Highnote Platform, Inc.
- Company type: Private
- Industry: Financial technology
- Founded: 2020; 6 years ago in San Francisco, California, United States
- Founders: John MacIlwaine Kin Kee
- Headquarters: San Francisco, United States
- Area served: Worldwide
- Key people: John MacIlwaine (CEO)
- Products: Highnote platform
- Services: Card issuing Payment acquiring Credit program management Money movement infrastructure
- Website: highnote.com

= Highnote (platform) =

American embedded finance and payments platform

Highnote Platform, Inc. is an American financial technology company that develops cloud-based payments infrastructure for card issuing, embedded finance, and payment acquiring. The company is based in San Francisco, California.

==History==
Highnote was founded in 2020 in San Francisco by John MacIlwaine and Kin Kee, both former executives at Braintree. The company emerged from stealth in 2021 with $54 million in combined seed and Series A funding from investors including Oak HC/FT, Costanoa Ventures, WestCap, XYZ Venture Capital, and SVB Capital.

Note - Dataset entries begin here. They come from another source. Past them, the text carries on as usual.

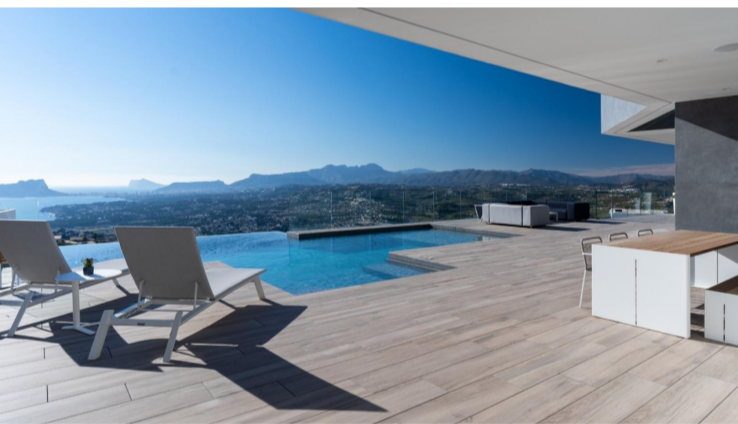

PROPERTY ID: RED-SP0756

Fristående villa till salu i Benitachell

€2,950,000

NYBYGGD LYXVILLA I CUMBRE DEL SOL Nybyggd ikonisk villa i Benitachell. Dess design från 21-talet smälter perfekt in i den exklusiva omgivningen av Residential Resort Cumbre del Sol. Den är byggd på en tomt på 1168m², där, eftersom villan vetter mot sydväst, kan du se och njuta av fantastiska solnedgångar. Allt med denna villa skriker ut kvalitet...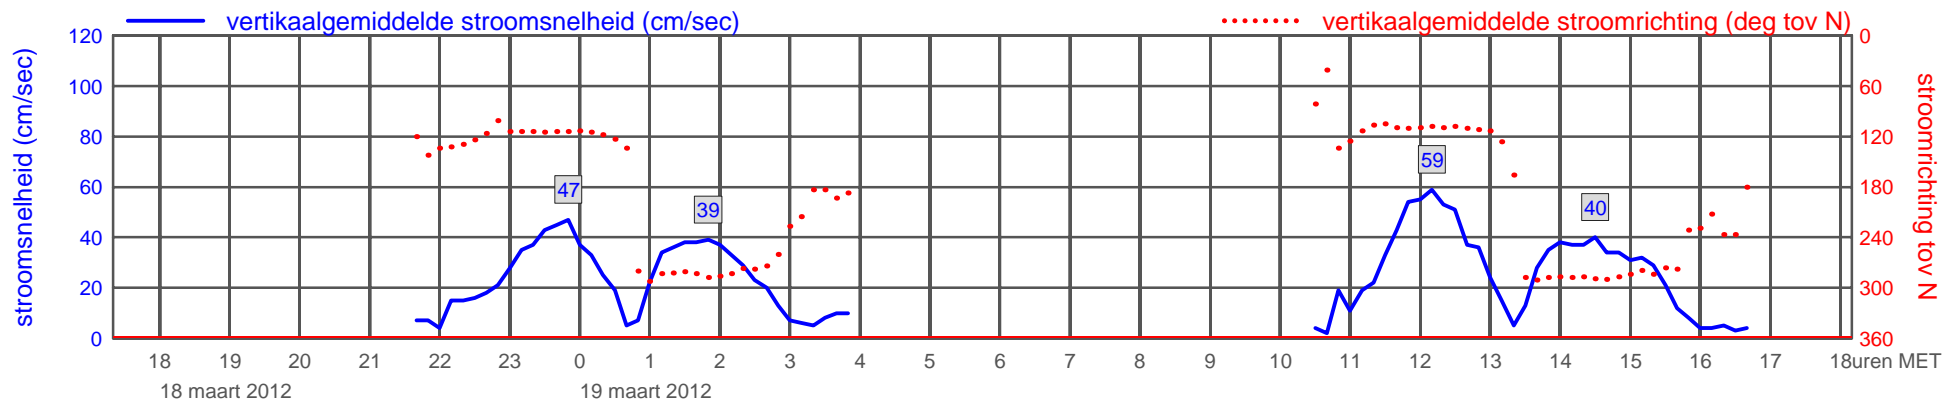

meetpunt PVW_MP0207_201203 (x=062979 , y=379194 , bodem=NAP -0.56 m sensor=NAP -0.36 m)

meetpunt PVW_MP0207_201203 (x=062979 , y=379194 , bodem=NAP -0.56 m sensor=NAP -0.36 m)

meetpunt PVW_MP0207_201203 (x=062979 , y=379194 , bodem=NAP -0.56 m sensor=NAP -0.36 m)

In 2023, Highnote expanded its payments platform to support consumer credit card programs, adding credit-related capabilities such as underwriting, repayment, and loan servicing tools. In 2024, Forbes included Highnote on its annual Fintech 50 list. A year later, in January 2025, Highnote raised $90 million in Series B funding led by Adams Street Partners and launched a merchant acquiring product, bringing its total disclosed funding to about $145 million.

In 2025 and 2026, Highnote appeared on the Forbes Fintech 50 list.

==Platform==
Highnote's platform is designed for businesses that issue cards, move funds, and embed payment capabilities into their products. It initially focused on card issuing and program management, and later expanded into payment acquiring, consumer credit, and broader money movement tools.

The platform is a unified, API-driven system that combines card issuing, ledgering, credit features, and acquiring functions for enterprise customers and business-to-business platforms. Its offerings have been used in products such as small-business credit cards, payroll cards, and fleet payment programs.